— GOAL OF THE EXERCISE —
Among the records that follow, find each line holding the word "données" and copy it.

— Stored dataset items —
______________________________
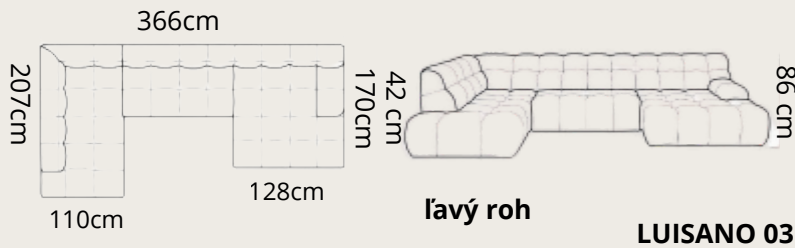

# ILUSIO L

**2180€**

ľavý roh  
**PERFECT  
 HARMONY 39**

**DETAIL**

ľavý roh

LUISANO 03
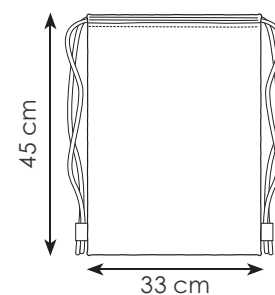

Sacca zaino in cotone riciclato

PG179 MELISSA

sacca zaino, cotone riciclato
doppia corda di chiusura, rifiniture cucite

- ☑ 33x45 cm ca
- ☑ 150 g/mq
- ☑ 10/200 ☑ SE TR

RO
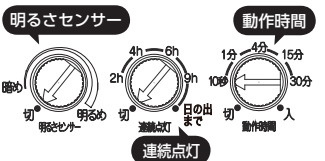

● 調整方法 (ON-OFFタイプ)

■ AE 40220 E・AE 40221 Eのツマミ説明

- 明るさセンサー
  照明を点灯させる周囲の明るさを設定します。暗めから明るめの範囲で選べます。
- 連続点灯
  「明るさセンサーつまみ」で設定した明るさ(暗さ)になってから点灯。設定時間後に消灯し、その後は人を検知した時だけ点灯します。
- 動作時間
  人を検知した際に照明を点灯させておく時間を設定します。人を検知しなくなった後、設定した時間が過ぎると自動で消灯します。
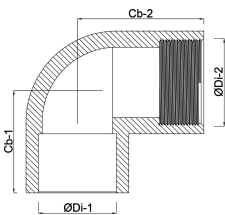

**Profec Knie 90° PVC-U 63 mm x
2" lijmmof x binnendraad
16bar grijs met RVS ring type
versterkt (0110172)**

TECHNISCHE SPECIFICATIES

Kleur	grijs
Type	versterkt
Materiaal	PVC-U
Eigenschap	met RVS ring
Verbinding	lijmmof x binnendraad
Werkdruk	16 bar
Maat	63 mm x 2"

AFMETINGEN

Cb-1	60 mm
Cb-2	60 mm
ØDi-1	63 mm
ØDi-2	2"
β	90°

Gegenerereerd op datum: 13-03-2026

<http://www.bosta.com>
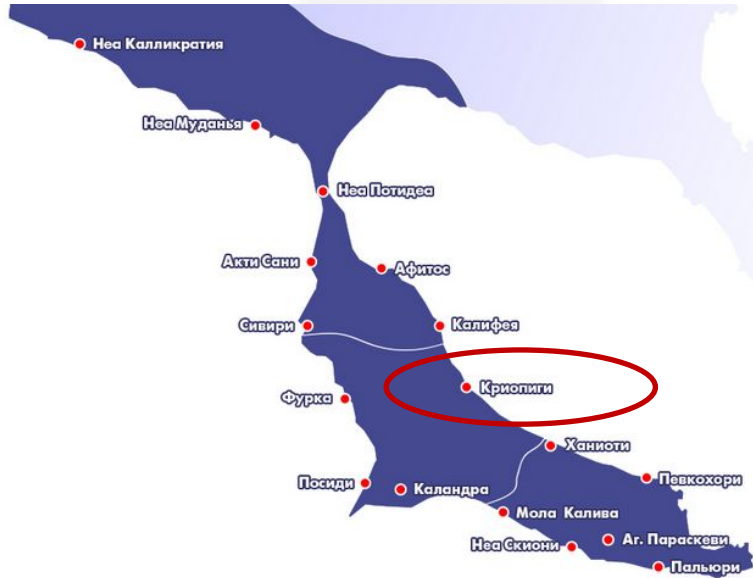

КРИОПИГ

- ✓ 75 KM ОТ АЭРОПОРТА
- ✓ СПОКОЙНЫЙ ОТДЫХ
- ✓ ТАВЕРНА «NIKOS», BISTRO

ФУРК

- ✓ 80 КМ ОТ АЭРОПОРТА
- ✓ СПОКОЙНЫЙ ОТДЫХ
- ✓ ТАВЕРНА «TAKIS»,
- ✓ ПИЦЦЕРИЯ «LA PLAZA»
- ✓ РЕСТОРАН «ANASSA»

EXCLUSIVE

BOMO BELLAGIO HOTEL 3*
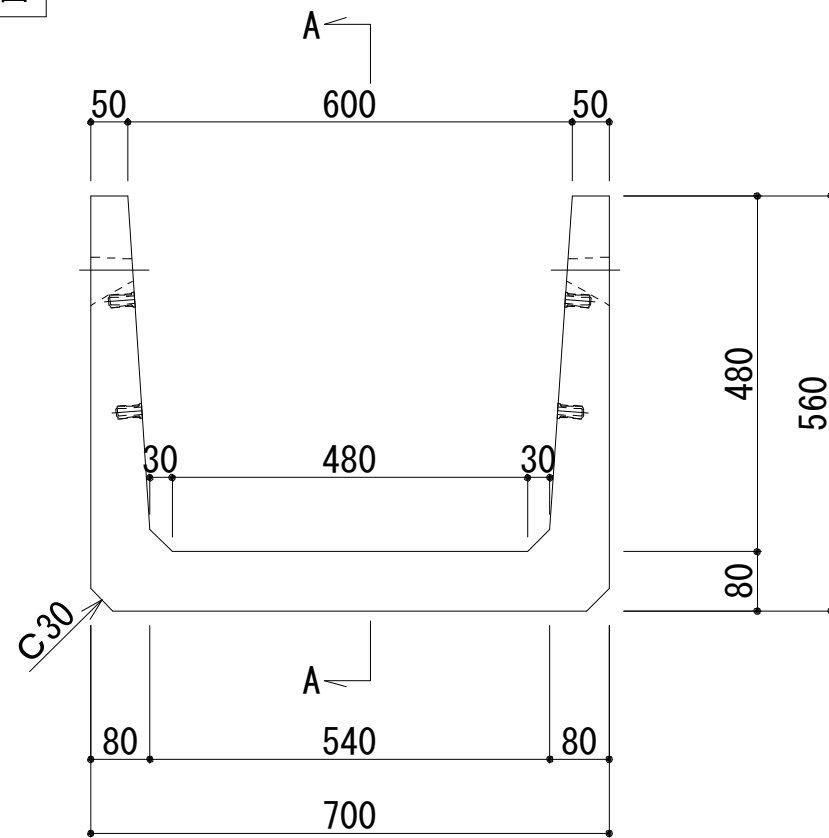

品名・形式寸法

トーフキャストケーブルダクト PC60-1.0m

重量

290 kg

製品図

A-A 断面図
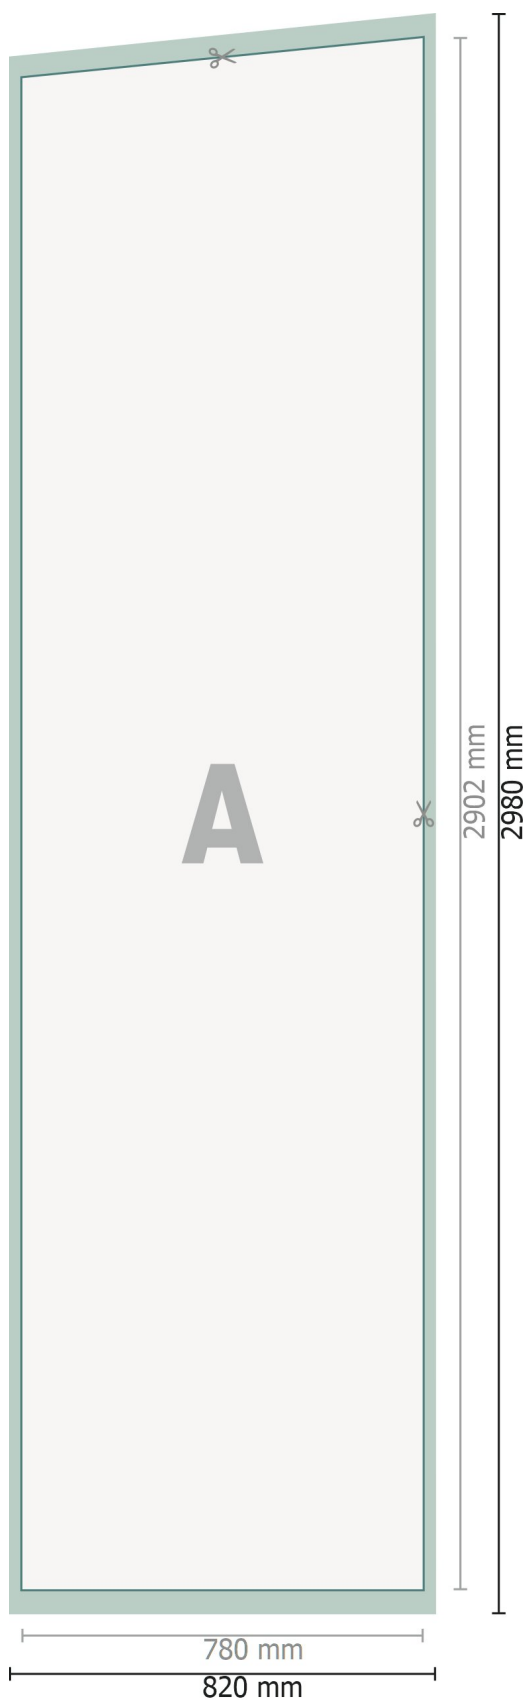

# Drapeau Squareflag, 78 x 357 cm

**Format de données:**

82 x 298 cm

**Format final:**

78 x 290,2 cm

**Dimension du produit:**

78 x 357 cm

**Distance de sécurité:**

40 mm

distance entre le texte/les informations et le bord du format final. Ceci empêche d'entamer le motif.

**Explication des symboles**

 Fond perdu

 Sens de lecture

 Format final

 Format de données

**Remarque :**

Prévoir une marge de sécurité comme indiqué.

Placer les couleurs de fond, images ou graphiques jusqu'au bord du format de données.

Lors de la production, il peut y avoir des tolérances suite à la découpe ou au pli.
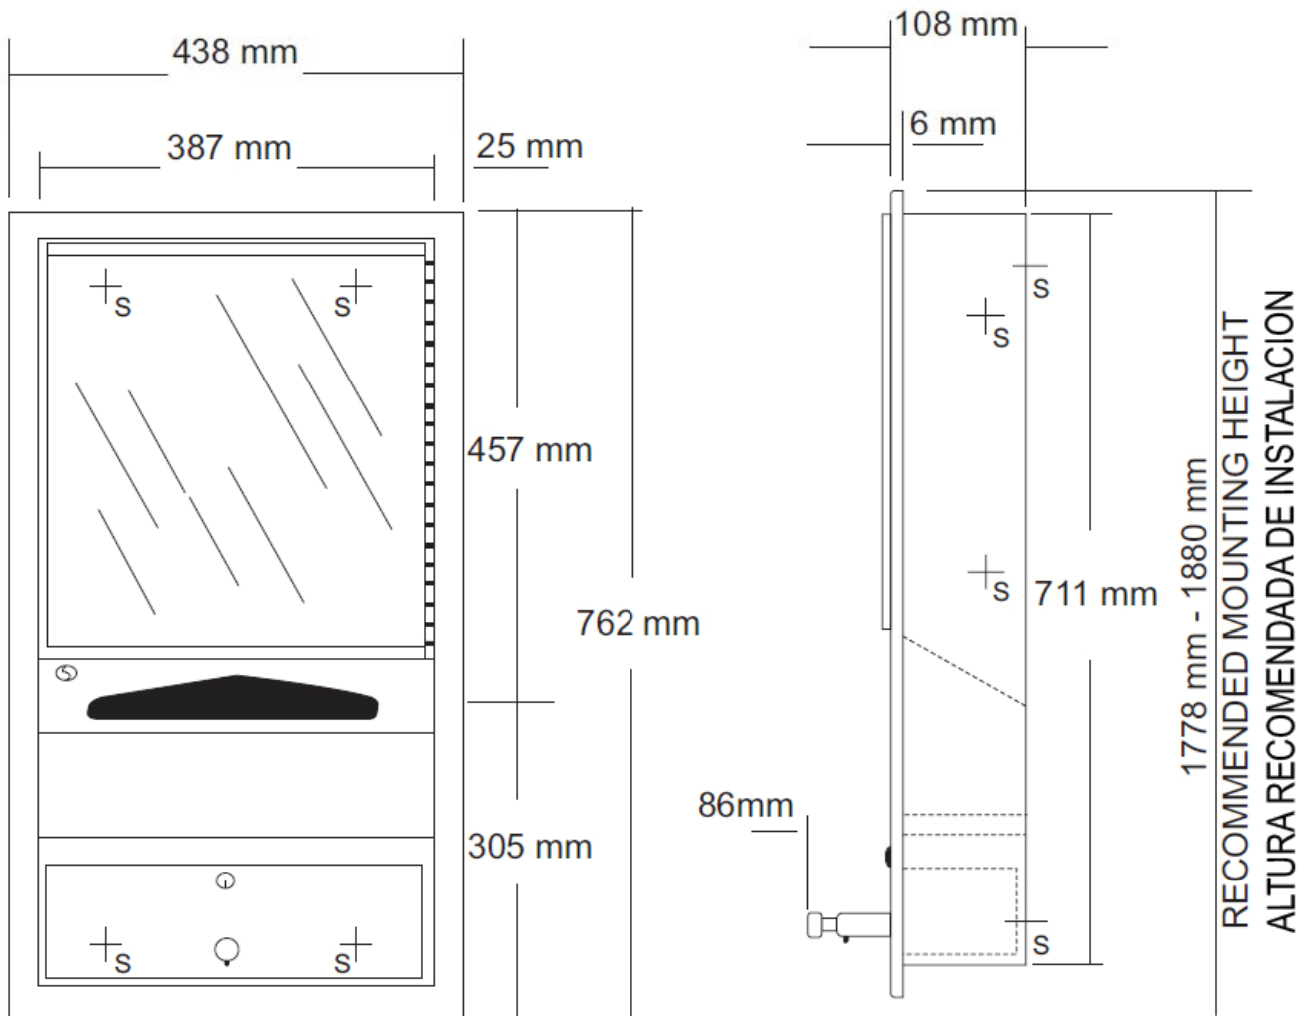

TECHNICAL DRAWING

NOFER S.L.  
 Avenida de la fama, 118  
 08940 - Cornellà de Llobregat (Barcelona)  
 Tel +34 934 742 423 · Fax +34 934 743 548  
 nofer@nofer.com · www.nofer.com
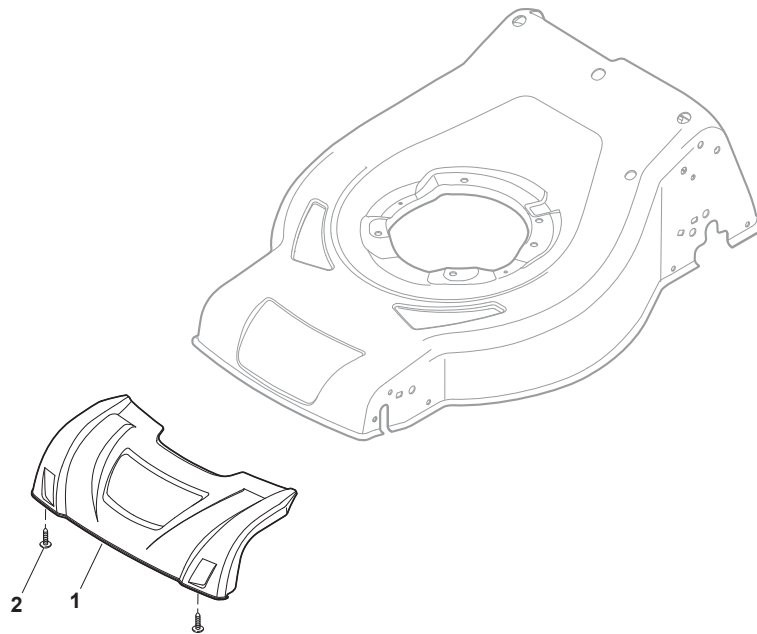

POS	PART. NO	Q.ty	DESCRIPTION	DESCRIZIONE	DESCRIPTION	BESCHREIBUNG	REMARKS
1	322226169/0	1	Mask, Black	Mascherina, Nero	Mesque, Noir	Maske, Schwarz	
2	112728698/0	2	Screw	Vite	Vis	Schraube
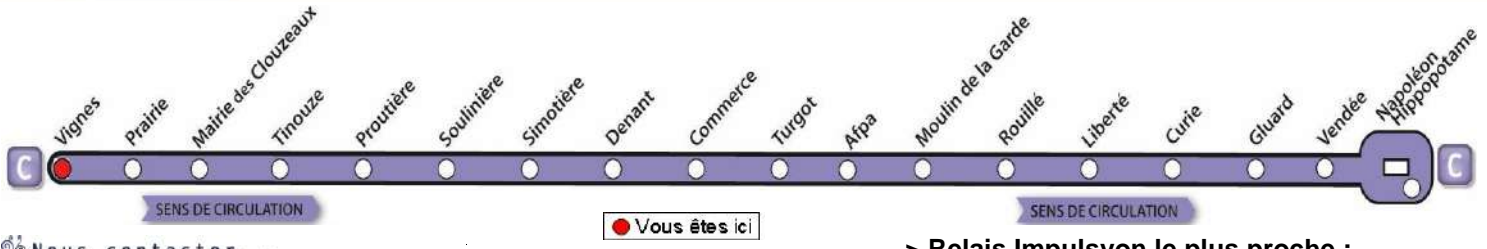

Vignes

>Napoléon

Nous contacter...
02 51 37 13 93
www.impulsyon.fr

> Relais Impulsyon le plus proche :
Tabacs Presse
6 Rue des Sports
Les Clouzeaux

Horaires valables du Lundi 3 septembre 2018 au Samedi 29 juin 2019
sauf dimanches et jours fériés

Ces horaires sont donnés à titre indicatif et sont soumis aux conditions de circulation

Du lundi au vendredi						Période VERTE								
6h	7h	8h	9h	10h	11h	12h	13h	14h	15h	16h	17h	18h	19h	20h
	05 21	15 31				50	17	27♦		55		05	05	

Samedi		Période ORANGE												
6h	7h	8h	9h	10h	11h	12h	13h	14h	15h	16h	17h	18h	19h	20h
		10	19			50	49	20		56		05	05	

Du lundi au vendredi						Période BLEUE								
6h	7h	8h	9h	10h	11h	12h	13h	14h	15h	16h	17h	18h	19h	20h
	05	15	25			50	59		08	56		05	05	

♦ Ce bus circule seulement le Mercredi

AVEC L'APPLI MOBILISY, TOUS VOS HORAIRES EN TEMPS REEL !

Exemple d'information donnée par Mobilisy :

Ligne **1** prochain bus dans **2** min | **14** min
______________________________
— YOUR RESPONSE —
**Format de données:**
 Format de données
Placer les couleurs de fond, images ou graphiques jusqu'au bord du format de données.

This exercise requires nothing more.